# Hummel - String Quartet 2 op.30 (SQ review)



## Merl (Jul 28, 2016)

Hummel’s three Opus 30 String Quartets were composed after Beethoven's Opus 18 Quartets, in 1804. Hummel’s quartets are pretty 'Viennese' in style, focusing more on late Haydnesque dialogue writing. The movements are as follows... 

I. Allegro con brio
II. Andante. Grazioso
III. Menuetto. Allegro con fuoco
IV. Finale. Vivace 

Hummel's 2nd quartet may not be as revolutionary as Beethoven and as a contemporary of Beethoven it actually sounds very unBeethovian and almost like a romantic Mozart (not surprisingly really as Hummel was a pupil of Mozart). However, this is an accomplished work that is well worth a listen, even if it's not exactly ground-breaking stuff. I particularly like the outer movements.

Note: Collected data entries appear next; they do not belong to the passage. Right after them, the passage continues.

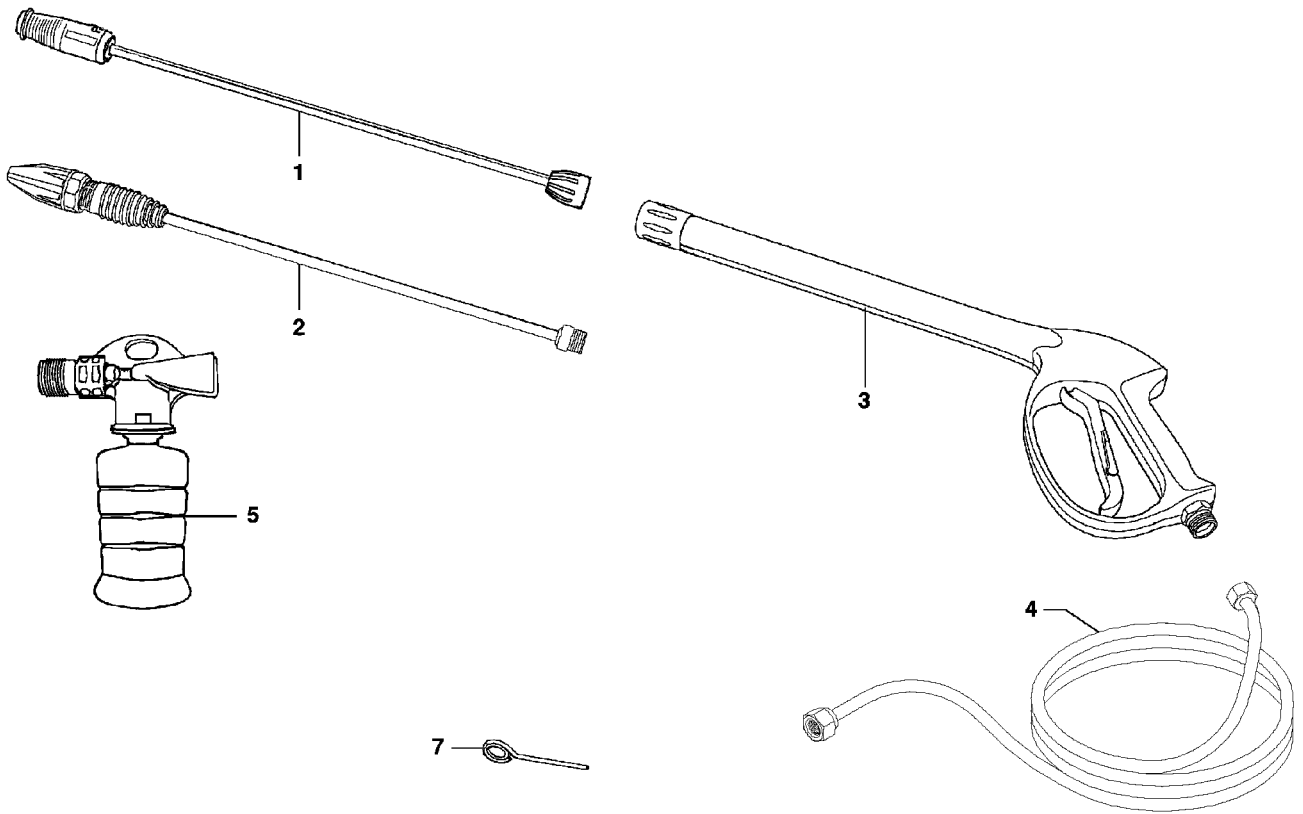

Illustration Schlauchwickler

Illustration Schlauchwickler

Bild Nr.	St.- Zahl	Teile Nr.	Beschreibung
1	1	CH33010750	Lanze
2	1	68500007	Lanze
3	1	CH24100086	Pistole
4	1	CH33010757	Rohr
5	1	CH33010748	Lanze
7	1	CH04550013	Duese

Illustration Schlauchwickler

Illustration Schlauchwickler

Bild Nr.	St.- Zahl	Teile Nr.	Beschreibung
1	1	CH24310007	Knopf
2	1	CH18040005	Kurbel
3	1	CH30020568	Halter
4	4	CH36250061	Schraube
5	2	CH06020055	Schneidblatt
6	2	CH06020054	Gehäuse
8	8	CH36250061	Schraube
9	1	CH30020568	Halter
10	1	CH20000110	Nippel
11	1	CH18020225	Feder
12	4	CH36250059	Schraube
13	1	CH20000109	Anschluss
14	1	CH36050106	Schraube
15	1	CH12100170	O-ring
16	1	CH00090279	Ring
17	1	CH32080994	Rohr
18	1	CH01990165	Handgriff
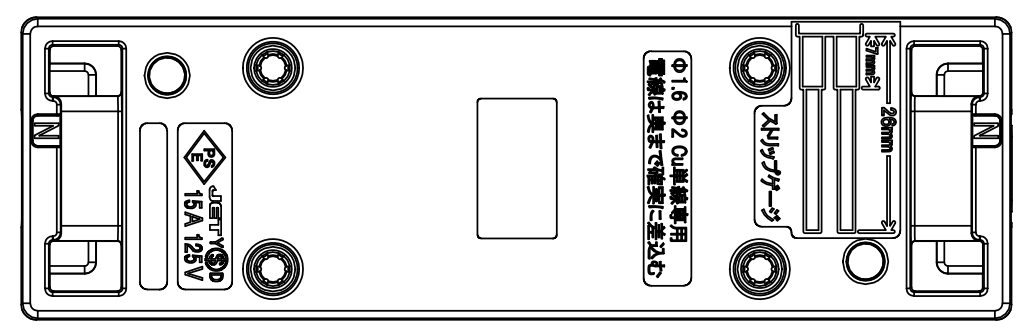

	来	歴	担当	承認
△x				

定格入力 : 15A AC125V  
 コンセント : 2口、抜止  
 適合電線 : VVFφ1.6  
 VVFφ2.0

1	2		カバー	ABS		白
1	1		本体	ユリア		白
数量	項目	図番	品名	材料	処理	寸法&記事
承認	馬木		常設露出コンセント XYR27W			備付 三角法 尺度
検図	島村					
製図	遠藤	関連事項		図番		
設計	遠藤					3F8870C
<b>株式会社TERADA</b>						
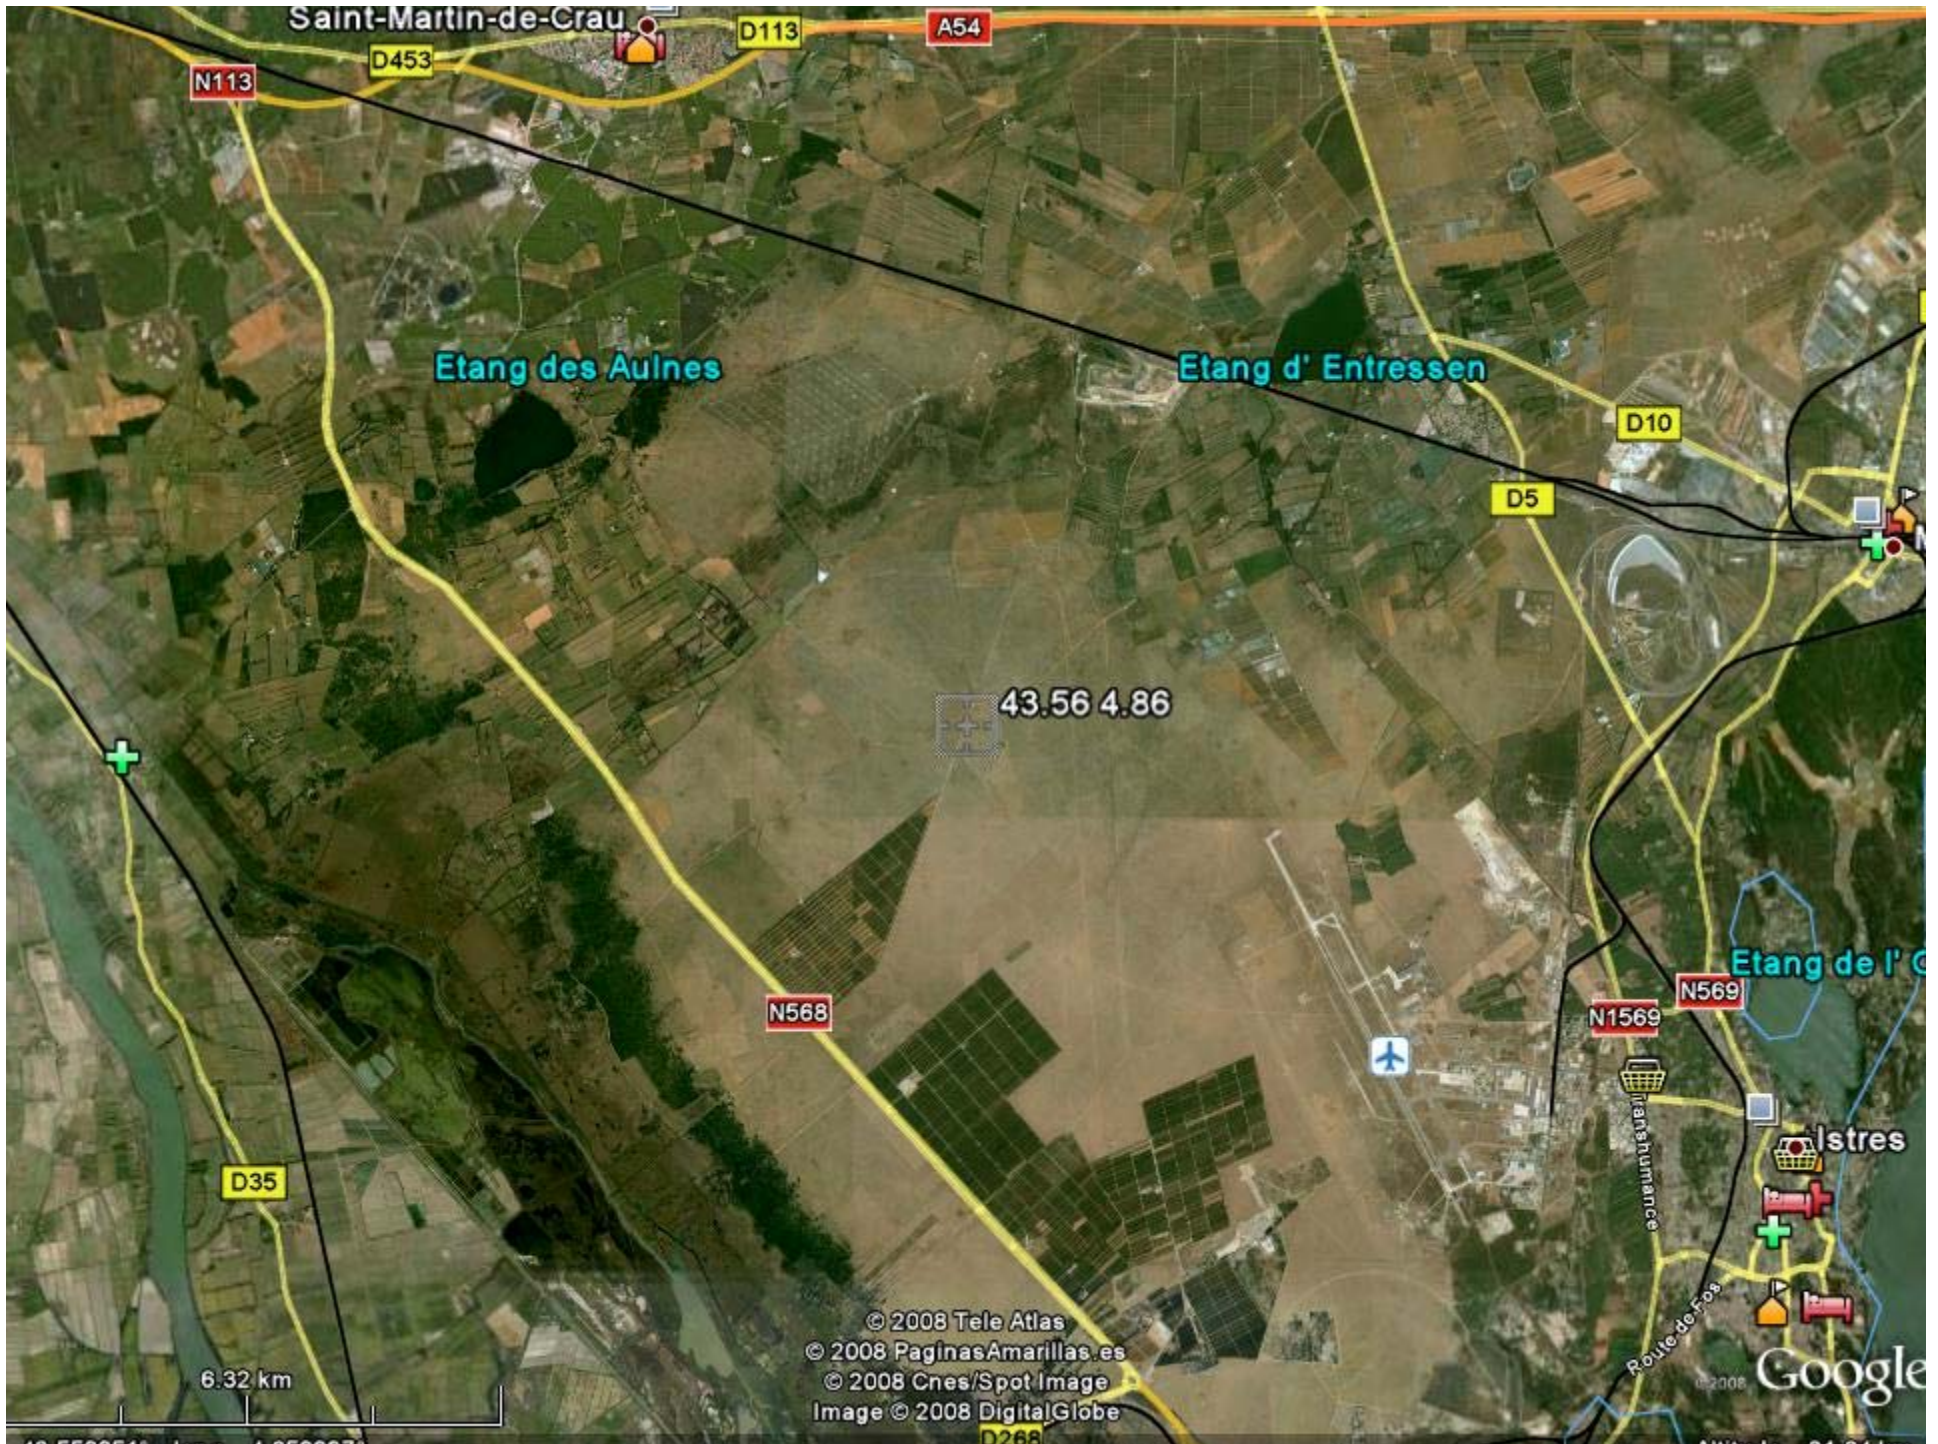

What you missed over La Crau

Saint-Martin-de-Crau

N113

D453

D113

A54

Etang des Aulnes

Etang d' Entressen

D10

D5

43.56 4.86

N568

N569

N1569

Etang de l' C

Istres

D35

6.32 km

© 2008 Tele Atlas
© 2008 PaginasAmarillas.es
© 2008 Cnes/Spot Image
Image © 2008 DigitalGlobe

Google
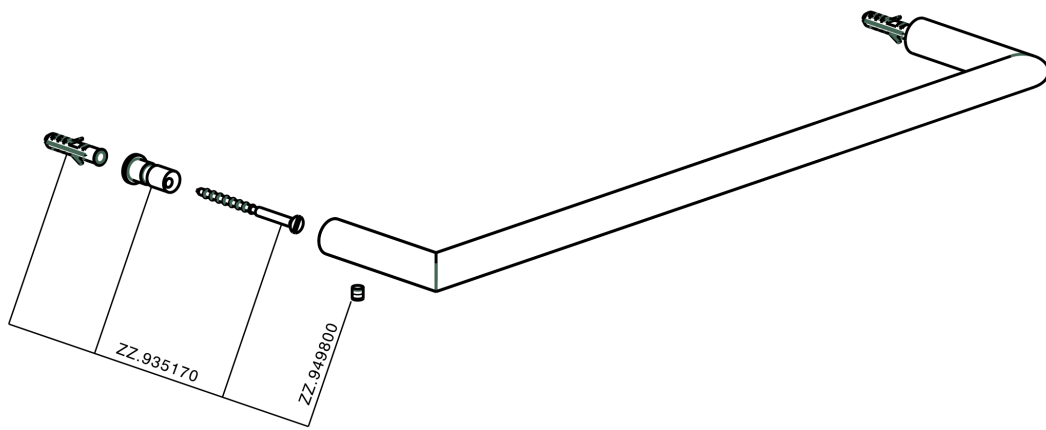

Toallero ACCESORIOS BAÑO_SI090101

MODELO **SI090101**

Toallero

ACABADOS DISPONIBLES

-  **21** 21 Cromo
-  **2B** 2B Níquel Brillo
-  **2F** 2F Níquel Cepillado
-  **2P** 2P Oro rosa
-  **2Q** 2Q Black Titanium
-  **40** 40 Negro Mate
-  **4Q** 4Q Blanco Mate

CARACTERÍSTICAS

Toallero ACCESORIOS BAÑO_SI090101

SI090101

<https://es.huberitalia.com/toallero-accesorios-bano-si090101>

2024-11-27

There's very few recordings of this quartet and I'm certainly not going to recommend the Coolidge Quartet's 1939 recording where the sound is abysmal (the playing isn't great either). Similarly the Anabasis Chamber Ensemble (who? - likely a budget scratch ensemble) hardly inspire anyone either with some dodgy ensemble, not great intonation and a rather lacklustre performance. I'm afraid that recording gets the cold shoulder too. 
Of the two other recordings both are easily recommendable but slightly flawed. Which you prefer will possibly come down to views on the importance of sound quality. I'm conflicted here as the *Hollywood Quartet'*s 1955 recording has fine ensemble, articulation and superior dynamics however the mono recording (although adequate) is grainy, coarse, thin, wiry and tends to grate a little plus I'm not a fan of portamento on string quartets (and this some here) . The cello sounds particularly tubby, weak and poor. For 1955 this really wasn't a good recording but it is excellently played. 
The *Dante Quartet*'s early 90s recording (from their cycle of all 3 Hummel quartets) is the opposite. Its very well recorded and similarly very well played. Acoustics are fine but it doesn't quite have the character and dynamics of the Hollywood's recordings. It's a very fine account though and if I had to choose I'd go for this one as their recording is so much easier on the ear and that's important in a quartet that's not top rank. I totally understand those who feel the opposite but as a preference I'm sticking with the Dante. Their cycle is well worth the investment btw.


----------